A3C: Asynchronous Advantage Actor-Critic
25 Jan 2019Reading Group: Asynchronous Methods for Deep Reinforcement Learning (Mnih et al.)
Motivation
The sequence of observed data encountered by an online RL agent is non-stationary, and online RL updates are strongly correlated. By storing the agent's data in an experience replay memory, the data can be batched or randomly sampled from different time steps.

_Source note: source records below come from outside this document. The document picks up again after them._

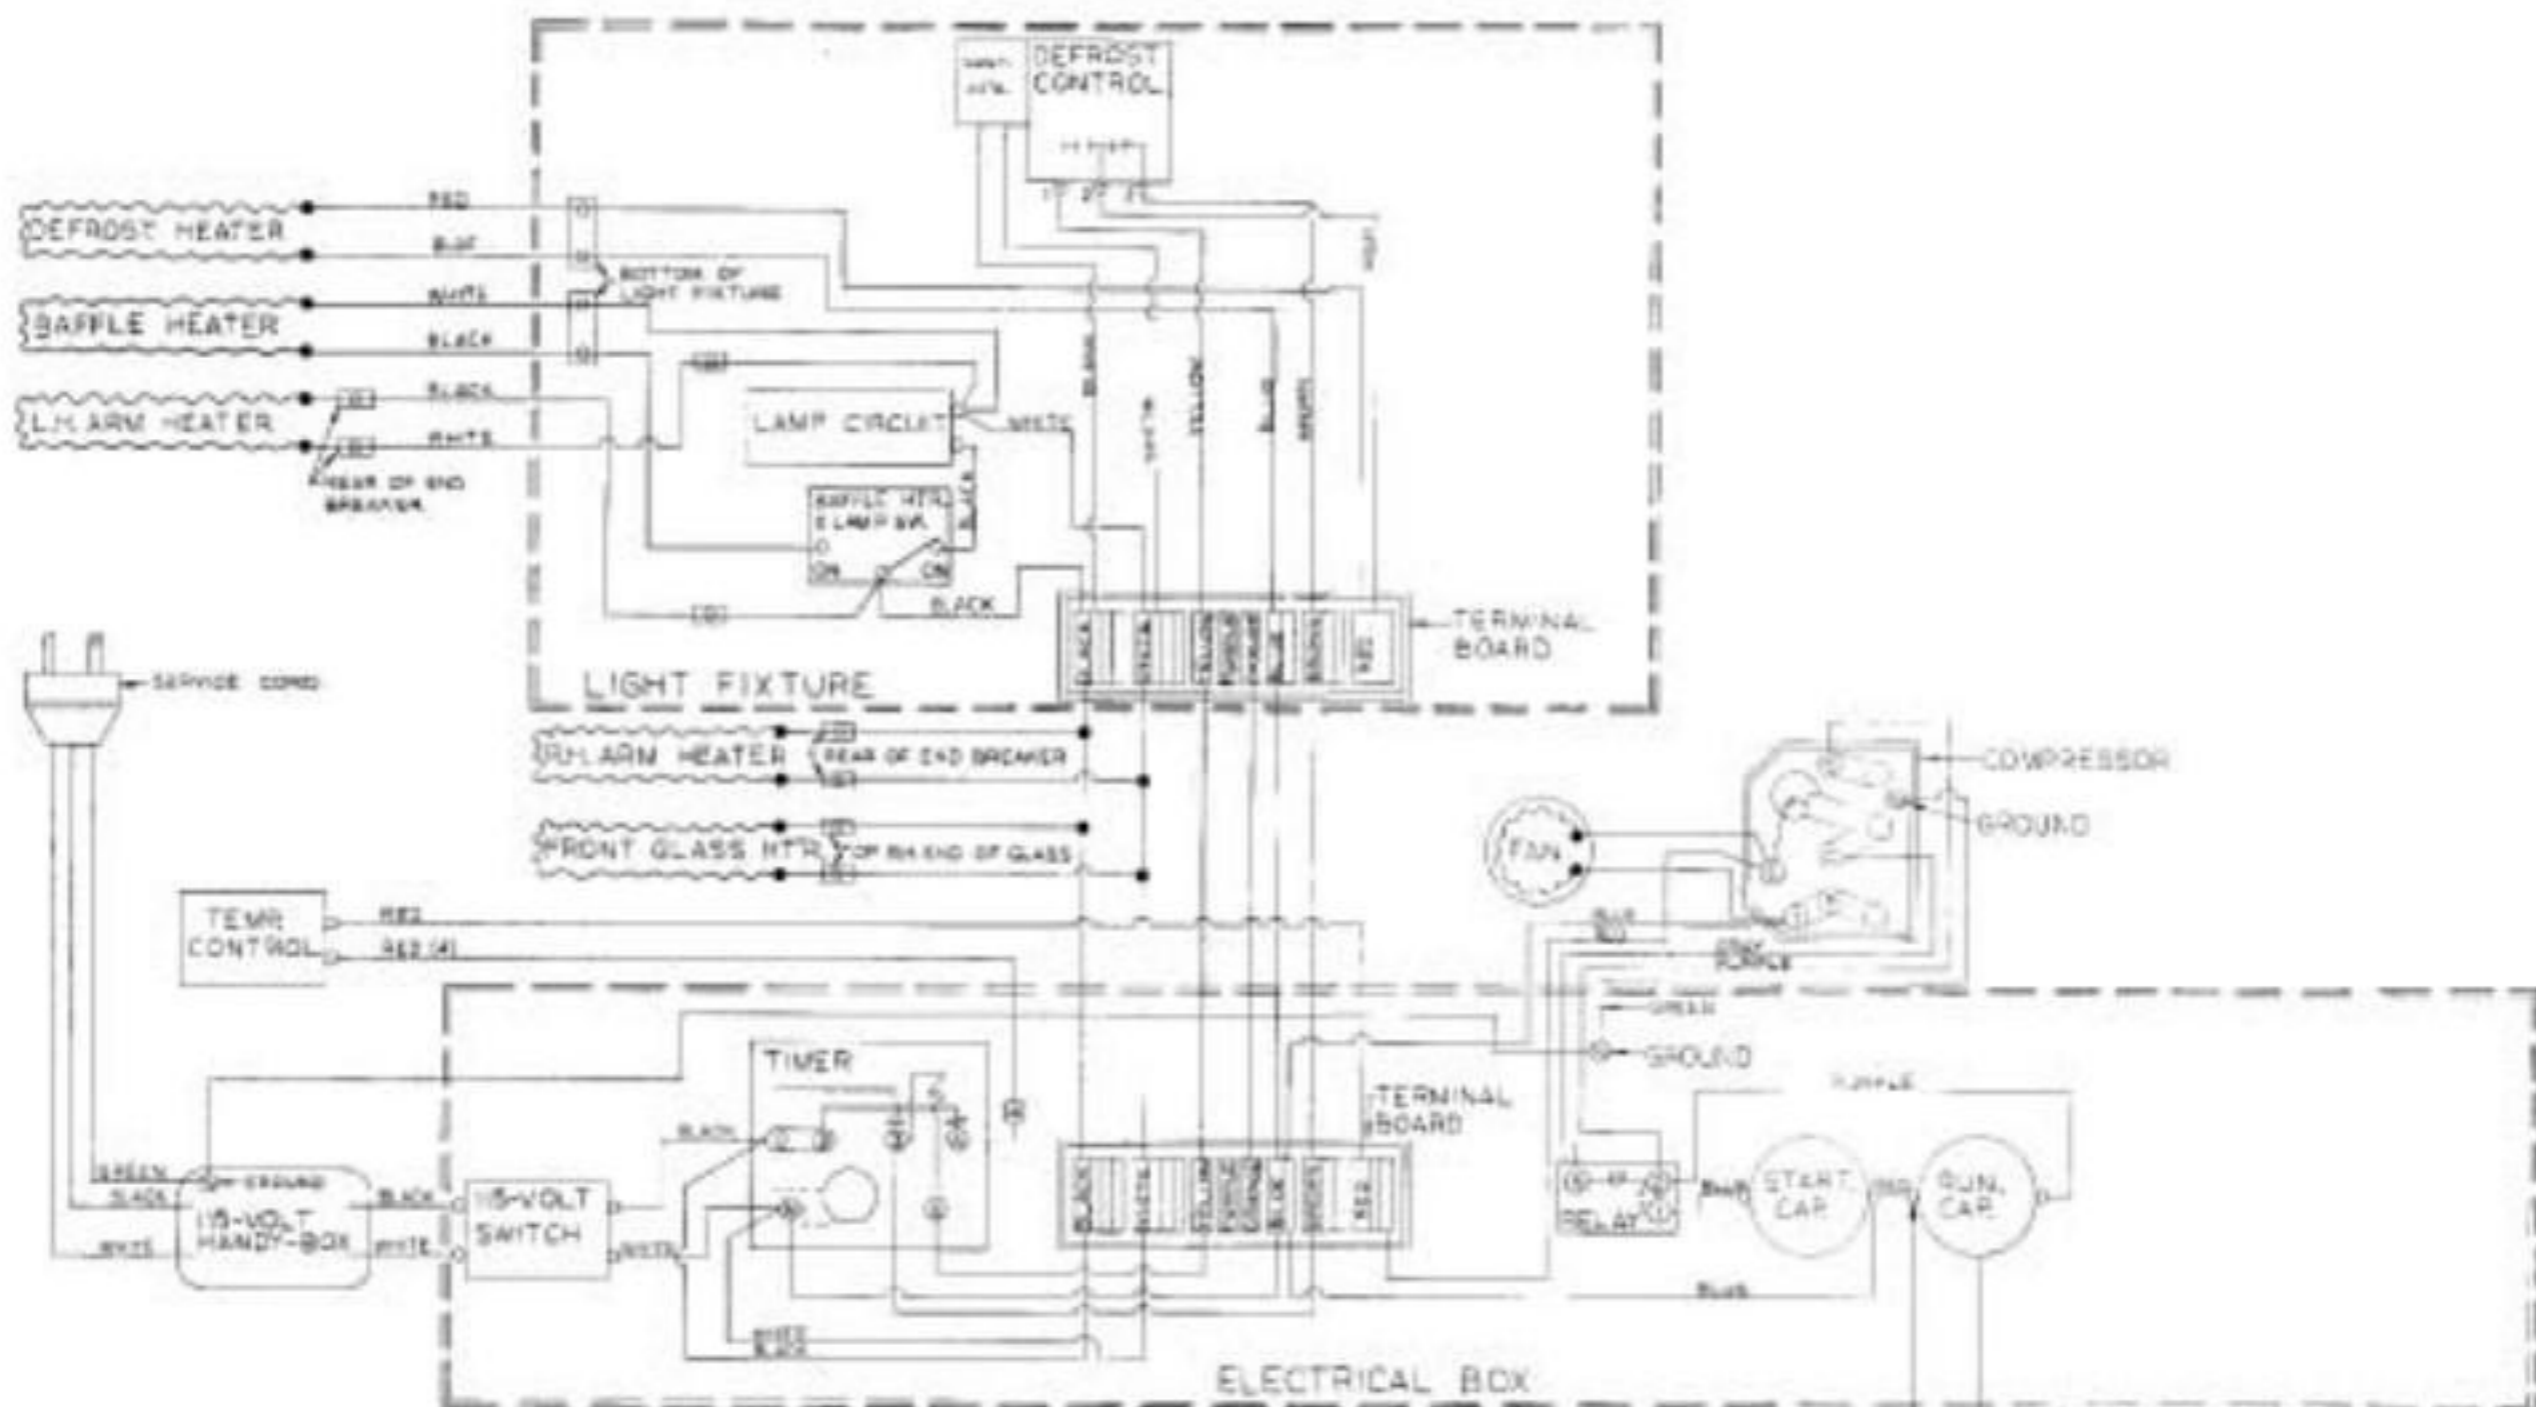

piccal)

QUICK CONNECT  
 CONNECTION

RED WIRE TERMINATED AT FAN  
 CAP. MUST BE CONNECTED TO  
 TERMINAL MARKED (1-10) (R)

FOR CHARTER USE ONLY  
 IN PART 4.3.6
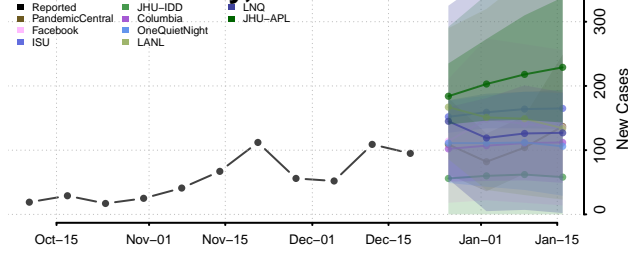

Chester County, Tennessee

Claiborne County, Tennessee

Clay County, Tennessee

Cocke County, Tennessee

Coffee County, Tennessee

Crockett County, Tennessee

Cumberland County, Tennessee

Davidson County, Tennessee

Drawbacks of Experience Replay
- Uses more memory and computation per interaction
- Requires off-policy learning algorithms
Asynchronous RL Framework
The paper presents multi-threaded asynchronous variants of:
- One-step SARSA
- One-step Q-learning
- N-step Q-learning
- Advantage actor-critic (A3C)
Key insight: Actor-critic is an on-policy search method while Q-learning is an off-policy value-based method. Running multiple agents in parallel on different threads provides diverse, decorrelated experience without replay memory.
Key Benefits
- Decorrelated updates: Different threads explore different parts of the environment
- No replay memory needed: Enables on-policy methods like actor-critic
- CPU-friendly: Runs on multi-core CPUs rather than requiring GPUs
Related Work
- Gorila Framework: Distributed RL with parameter servers
- Hogwild!: Lock-free parallel SGD